_Work task_
After finding the line containing "- zuhanytartóval" below, please output that line and each following one through the line containing "- 2: Átváltó (Cikkszám 48405DA0)", exactly as written.

(Stored records)
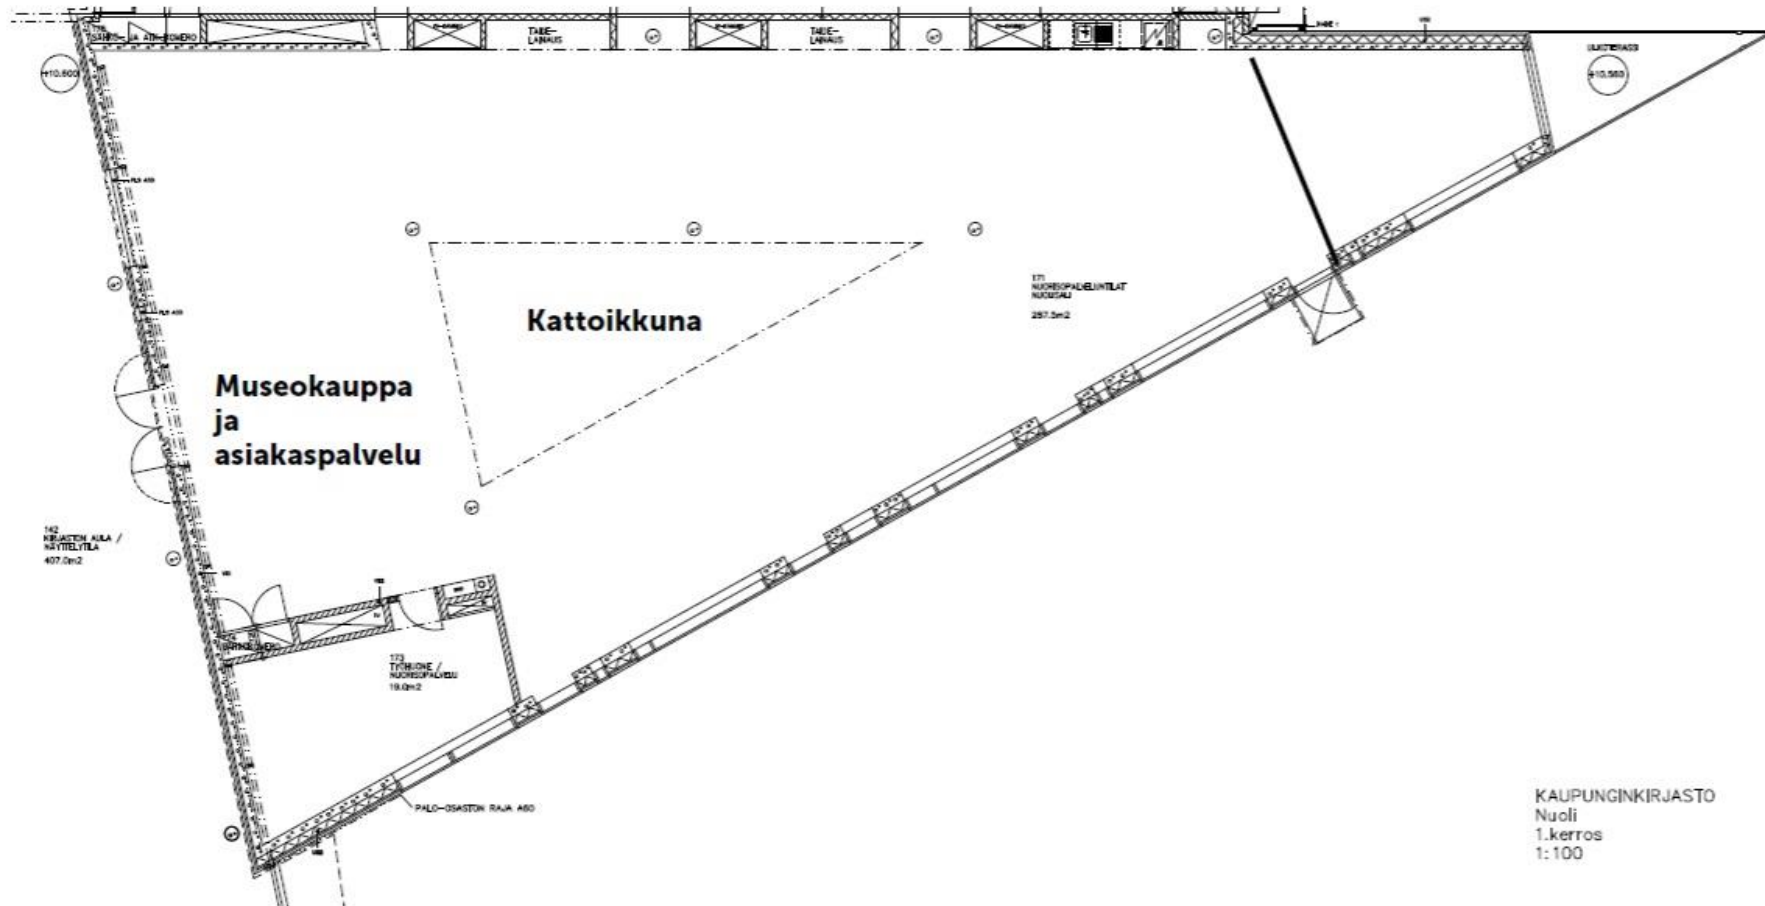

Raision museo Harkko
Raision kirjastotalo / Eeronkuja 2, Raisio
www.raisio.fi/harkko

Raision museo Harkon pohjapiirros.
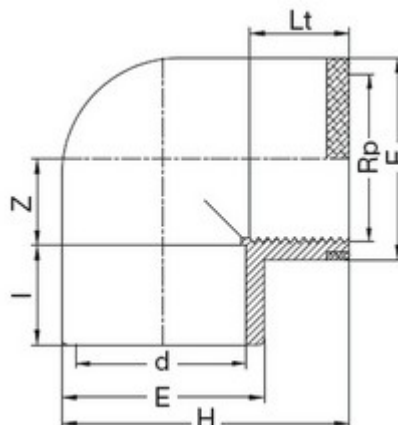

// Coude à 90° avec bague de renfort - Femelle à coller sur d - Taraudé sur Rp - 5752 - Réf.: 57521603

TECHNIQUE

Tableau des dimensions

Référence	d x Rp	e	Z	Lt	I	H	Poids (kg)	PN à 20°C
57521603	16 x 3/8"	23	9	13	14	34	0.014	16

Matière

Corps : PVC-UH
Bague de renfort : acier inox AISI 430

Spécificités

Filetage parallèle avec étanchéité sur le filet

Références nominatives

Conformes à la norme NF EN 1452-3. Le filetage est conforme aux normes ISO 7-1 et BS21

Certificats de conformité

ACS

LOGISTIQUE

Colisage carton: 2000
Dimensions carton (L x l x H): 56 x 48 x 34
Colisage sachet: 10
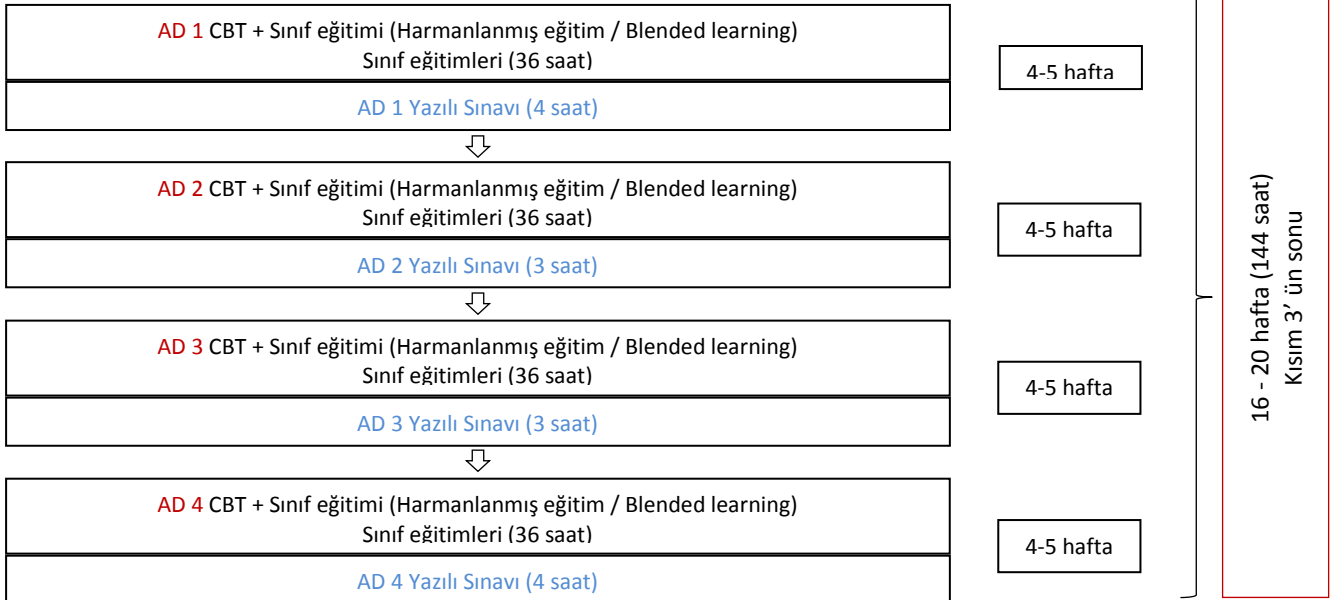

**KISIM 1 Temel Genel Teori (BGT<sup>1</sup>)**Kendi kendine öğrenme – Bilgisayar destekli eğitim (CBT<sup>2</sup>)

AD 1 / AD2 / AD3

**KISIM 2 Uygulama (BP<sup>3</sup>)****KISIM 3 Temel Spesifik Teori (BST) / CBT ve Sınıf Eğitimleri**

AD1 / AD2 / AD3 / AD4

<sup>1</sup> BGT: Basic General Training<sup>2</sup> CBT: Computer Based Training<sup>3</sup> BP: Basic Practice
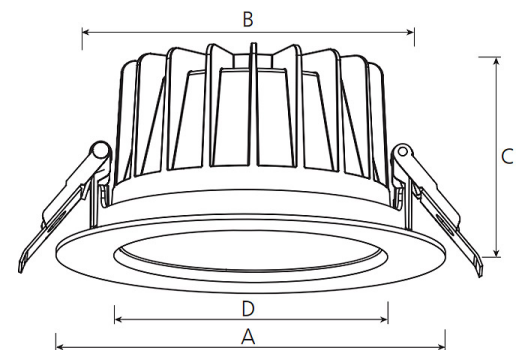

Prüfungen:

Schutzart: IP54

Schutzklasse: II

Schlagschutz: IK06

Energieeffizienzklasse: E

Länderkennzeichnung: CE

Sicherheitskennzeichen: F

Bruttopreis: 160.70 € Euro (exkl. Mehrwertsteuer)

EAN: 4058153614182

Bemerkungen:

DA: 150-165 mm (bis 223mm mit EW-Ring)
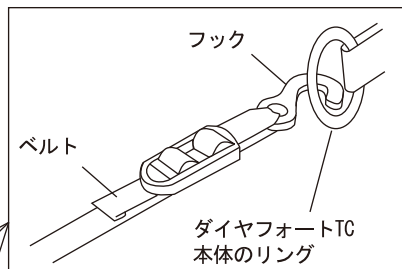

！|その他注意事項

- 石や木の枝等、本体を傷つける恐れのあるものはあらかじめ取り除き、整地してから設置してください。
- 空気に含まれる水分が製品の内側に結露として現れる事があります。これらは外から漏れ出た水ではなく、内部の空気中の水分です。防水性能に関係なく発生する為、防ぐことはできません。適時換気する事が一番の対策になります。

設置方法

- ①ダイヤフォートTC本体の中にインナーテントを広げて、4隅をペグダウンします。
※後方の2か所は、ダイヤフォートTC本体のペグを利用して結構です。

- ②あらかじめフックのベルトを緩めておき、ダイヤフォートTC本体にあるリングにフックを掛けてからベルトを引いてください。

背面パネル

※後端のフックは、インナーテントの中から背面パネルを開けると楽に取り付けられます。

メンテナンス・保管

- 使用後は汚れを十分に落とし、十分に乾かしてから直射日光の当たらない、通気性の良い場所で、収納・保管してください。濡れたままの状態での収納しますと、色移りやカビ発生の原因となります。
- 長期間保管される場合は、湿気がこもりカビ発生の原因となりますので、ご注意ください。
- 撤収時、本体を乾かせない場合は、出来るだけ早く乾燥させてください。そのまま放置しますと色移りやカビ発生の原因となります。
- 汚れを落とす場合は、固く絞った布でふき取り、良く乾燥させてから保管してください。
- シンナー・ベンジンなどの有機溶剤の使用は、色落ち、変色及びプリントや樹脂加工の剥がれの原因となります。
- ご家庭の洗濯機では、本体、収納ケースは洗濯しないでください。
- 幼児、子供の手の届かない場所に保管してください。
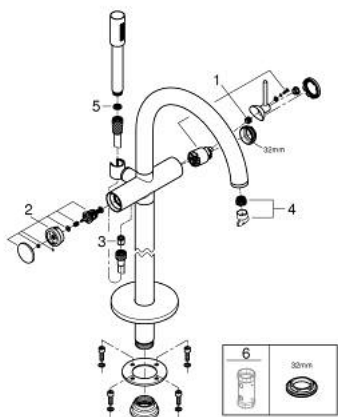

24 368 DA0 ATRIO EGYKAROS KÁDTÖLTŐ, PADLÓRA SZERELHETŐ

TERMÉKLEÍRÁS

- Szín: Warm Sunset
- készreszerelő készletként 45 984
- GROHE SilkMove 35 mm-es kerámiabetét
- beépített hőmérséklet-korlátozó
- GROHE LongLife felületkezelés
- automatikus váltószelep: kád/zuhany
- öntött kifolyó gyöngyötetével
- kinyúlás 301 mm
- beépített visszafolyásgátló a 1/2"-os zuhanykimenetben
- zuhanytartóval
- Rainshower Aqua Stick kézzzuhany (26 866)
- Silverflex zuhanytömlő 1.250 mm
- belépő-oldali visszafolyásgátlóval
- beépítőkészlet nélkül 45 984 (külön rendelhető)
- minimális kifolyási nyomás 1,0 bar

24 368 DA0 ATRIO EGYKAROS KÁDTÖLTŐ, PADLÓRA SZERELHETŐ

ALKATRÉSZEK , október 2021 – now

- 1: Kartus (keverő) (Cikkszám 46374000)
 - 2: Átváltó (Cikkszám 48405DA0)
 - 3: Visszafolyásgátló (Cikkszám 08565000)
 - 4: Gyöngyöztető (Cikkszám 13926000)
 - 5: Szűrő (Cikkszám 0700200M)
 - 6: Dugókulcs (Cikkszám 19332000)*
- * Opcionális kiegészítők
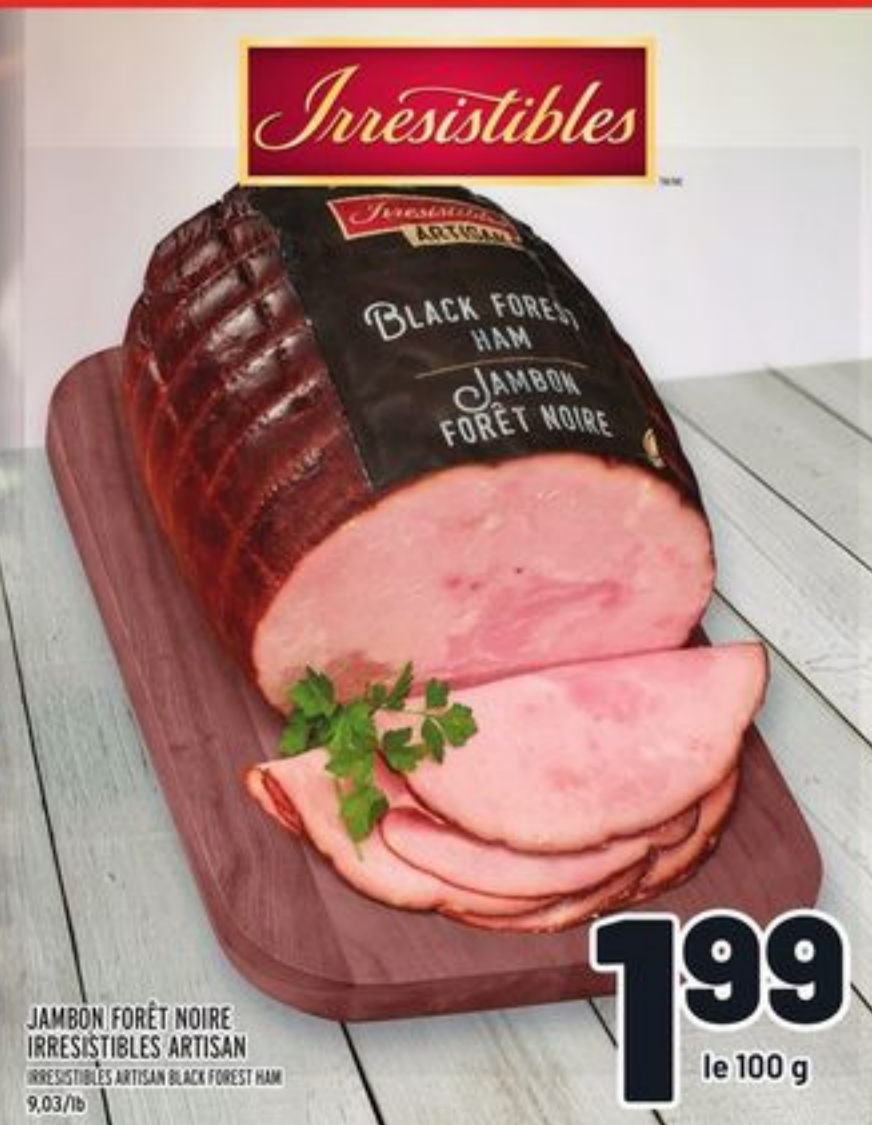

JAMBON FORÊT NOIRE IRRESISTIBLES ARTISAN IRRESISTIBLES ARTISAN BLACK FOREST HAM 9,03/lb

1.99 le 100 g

_Answer below_
- zuhanytartóval
- Rainshower Aqua Stick kézzzuhany (26 866)
- Silverflex zuhanytömlő 1.250 mm
- belépő-oldali visszafolyásgátlóval
- beépítőkészlet nélkül 45 984 (külön rendelhető)
- minimális kifolyási nyomás 1,0 bar

24 368 DA0 ATRIO EGYKAROS KÁDTÖLTŐ, PADLÓRA SZERELHETŐ

ALKATRÉSZEK , október 2021 – now

- 1: Kartus (keverő) (Cikkszám 46374000)
 - 2: Átváltó (Cikkszám 48405DA0)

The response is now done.